» ACTIVITY
For every line in the records that has the word "Maria", make a copy.

» DATA FOR THIS TASK
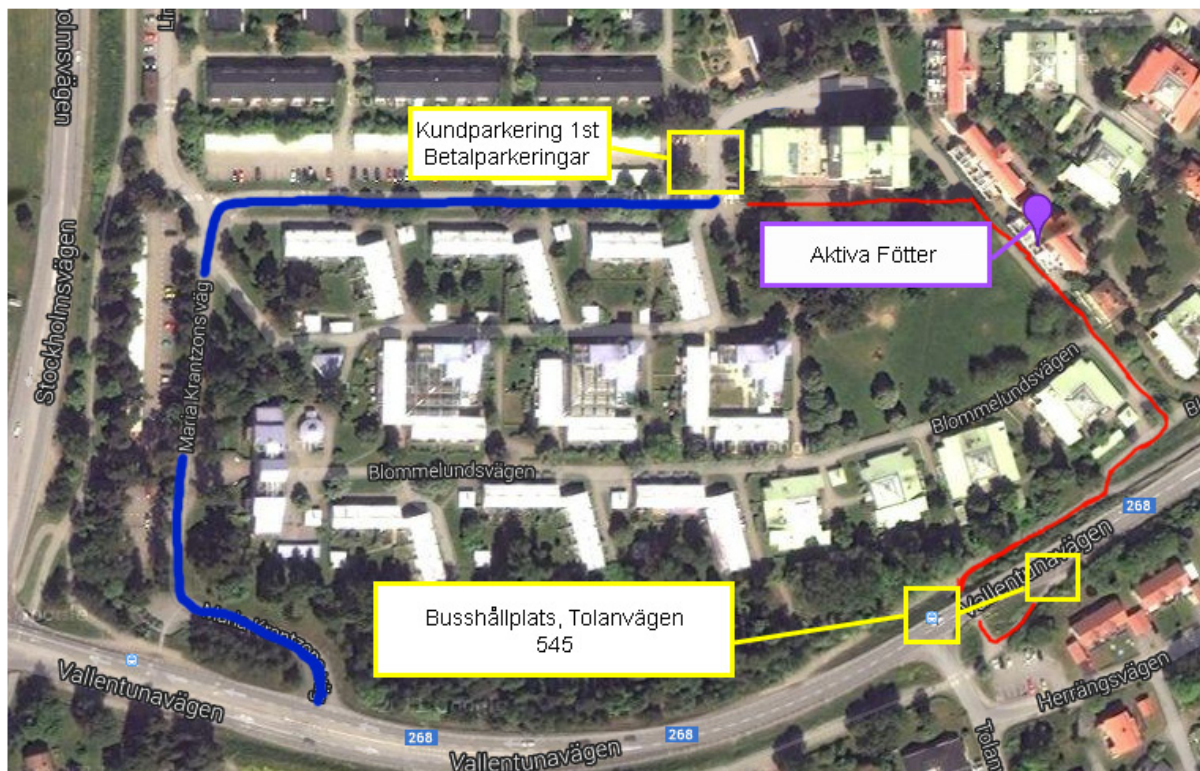

Maria Krantzonsväg 24, Upplands Väsby

■ Gångväg från parkering och Buss ■ Parkering och busshållplats ■ Bilväg

Med bil

Sväng in på Maria Krantzonsväg från Vallentunavägen. Följ vägen ända fram till Carlslundsalen.

Parkering

Det finns en kundparkering (nr:3012) och ett flertal betalparkeringar. OBS! betalautomaten tar endast kort. 10kr/timme.

Med buss

Buss 545. Stig av vid hållplats tolanvägen.

Välkommen!

» SOLUTION TO THIS PROBLEM
Maria Krantzonsväg 24, Upplands Väsby
Sväng in på Maria Krantzonsväg från Vallentunavägen. Följ vägen ända fram till Carlslundsalen.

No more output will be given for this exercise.